=== TASK ===
In the listing that follows, locate the line containing "Documento generado el 11/06/2026" and the line containing "studbook.org.ar". Retype exactly those two lines and every line between them, and nothing more.

____ RECORD EXCERPTS

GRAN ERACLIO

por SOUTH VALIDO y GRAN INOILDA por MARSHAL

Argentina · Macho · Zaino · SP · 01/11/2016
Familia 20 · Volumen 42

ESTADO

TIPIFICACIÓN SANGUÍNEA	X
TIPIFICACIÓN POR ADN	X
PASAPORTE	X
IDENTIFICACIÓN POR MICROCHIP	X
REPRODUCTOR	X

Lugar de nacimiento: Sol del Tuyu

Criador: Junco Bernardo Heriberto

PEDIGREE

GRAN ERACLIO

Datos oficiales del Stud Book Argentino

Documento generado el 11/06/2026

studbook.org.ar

________
____ RECORD EXCERPTS

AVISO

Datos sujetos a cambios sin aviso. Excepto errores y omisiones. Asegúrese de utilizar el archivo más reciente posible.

________
____ RECORD EXCERPTS

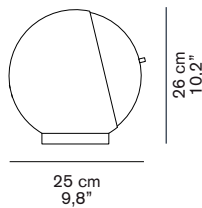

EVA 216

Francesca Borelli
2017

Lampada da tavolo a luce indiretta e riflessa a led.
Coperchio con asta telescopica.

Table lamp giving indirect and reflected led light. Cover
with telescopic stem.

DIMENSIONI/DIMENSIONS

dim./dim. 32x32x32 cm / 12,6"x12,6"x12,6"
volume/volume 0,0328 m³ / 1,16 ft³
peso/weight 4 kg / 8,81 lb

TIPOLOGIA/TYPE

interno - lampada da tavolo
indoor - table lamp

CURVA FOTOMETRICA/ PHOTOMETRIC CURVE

________

=== RESULT OF THE TASK ===
Documento generado el 11/06/2026

studbook.org.ar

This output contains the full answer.